# Anyone has fed small sardines?



## Hater (Apr 21, 2006)

Just bought a bag of small whole sardines frozen from the fish market. They love it man, I recomend it to all hobbyist.

Hater


----------



## alan (Mar 11, 2004)

dont hey make alot of mess? i fed a fresh one once and regretted it for weeks!


----------



## Tony P (May 15, 2006)

I tried sprats, which r just about as big and as i found out, as oily as sardines, herring etc i ended up doing numerous water changes to get rid of the scum, each to their own but as alan sais what a mess!!!!!!!


----------



## alan (Mar 11, 2004)

omg .. it was in the water,the filter,scum on top of the water....never again mate


----------



## taylorhedrich (Mar 2, 2005)

I hear they make a terrible mess out of everything, especially because they are so oily. Since they are so oily they are probably not the best food choice for your fish either.








~Taylor~


----------



## alan (Mar 11, 2004)

no...cod isnt any better and its f'ing expensive


----------



## Hater (Apr 21, 2006)

Well I don't see the mess. I bought them whole and frozen and before I feed them to the ps I put them in warm water to remove some of the skin oil. I have fed them several times sardine and they are just as messy as any other whole fish I fed my pygos.

I have also feed them whole sticklesbacks and they are about the same as sardines. I did notice some oil on the top of the water but removed it with a small base during my last water change.

I will feed sardine tonight and post the result.

Hater


----------



## errik00 (Feb 4, 2006)

Are sliversides good? I just bought a 8oz bag


----------



## taylorhedrich (Mar 2, 2005)

errik00 said:


> Are sliversides good? I just bought a 8oz bag


----------



## Hater (Apr 21, 2006)

errik00 said:


> Are sliversides good? I just bought a 8oz bag


You know, that is the only food I don't feed my pygos and is not cause I don't want to but because I can't find it anywhere.
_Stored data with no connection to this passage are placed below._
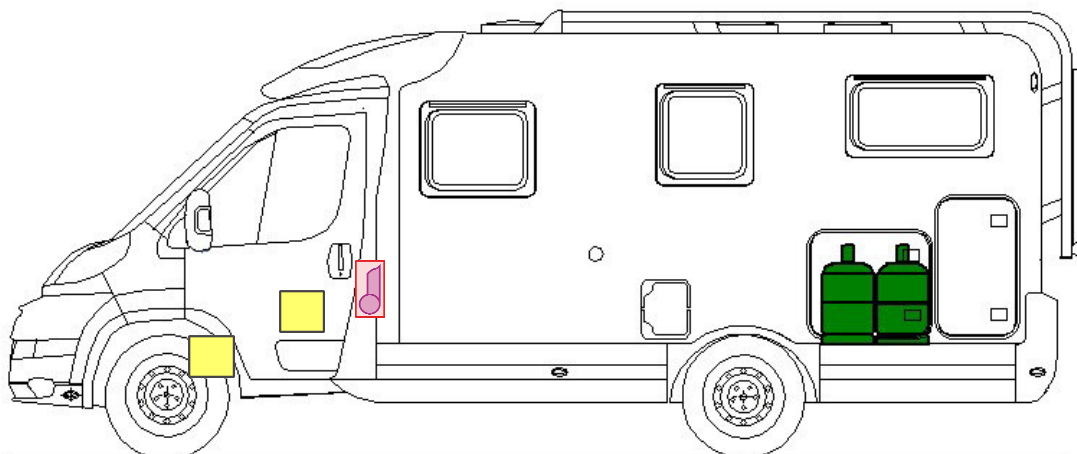

Rettungskarte

GLOBEBUS T 15

Airbag

Airbag-
Steuergerät

Kraftstoff-
tank

Gasflaschen

Batterie

Gurtstraffer

Elektro-
block

Gas-
generator

Gasdruck-
dämpfer

Bitte diese Rettungskarte gut sichtbar hinter die Sonnenblende klemmen!

Can anyone tell me where I can find sliversides?

Hater


----------



## the_w8 (Jul 28, 2003)

fish market....I seen some at walmart too


----------



## Mr. Hannibal (Feb 21, 2003)

Sardines are fatty and messy. I'd prefer any white meat fish to feed them...







!


----------



## MONGO  (Feb 7, 2006)

i wouldnt eat sardines so my fish dont


----------



## Mr. Hannibal (Feb 21, 2003)

RockinTimbz said:


> i wouldnt eat sardines so my fish dont


----------



## the_w8 (Jul 28, 2003)

I think they taste pretty damn good, but they are incredibly messy. I've seen people feed them sardines before and minutes later you can see the oil slick on top of the water. That alone should be a sign to not feed ur P's that.


----------



## MONGO  (Feb 7, 2006)

the_w8 said:


> I think they taste pretty damn good, but they are incredibly messy. I've seen people feed them sardines before and minutes later you can see the oil slick on top of the water. That alone should be a sign to not feed ur P's that.


imagine the oil slick in your stomach


----------



## LouDiB (May 22, 2006)

RockinTimbz said:


> i wouldnt eat sardines so my fish dont


???/ lol

yeah man white fish all the way...


----------



## BLUEDIAMONDRHOM (Jul 19, 2006)

RockinTimbz said:


> I think they taste pretty damn good, but they are incredibly messy. I've seen people feed them sardines before and minutes later you can see the oil slick on top of the water. That alone should be a sign to not feed ur P's that.


imagine the oil slick in your stomach








[/quote]

Id feed a piranha worms but id never eat one my self


----------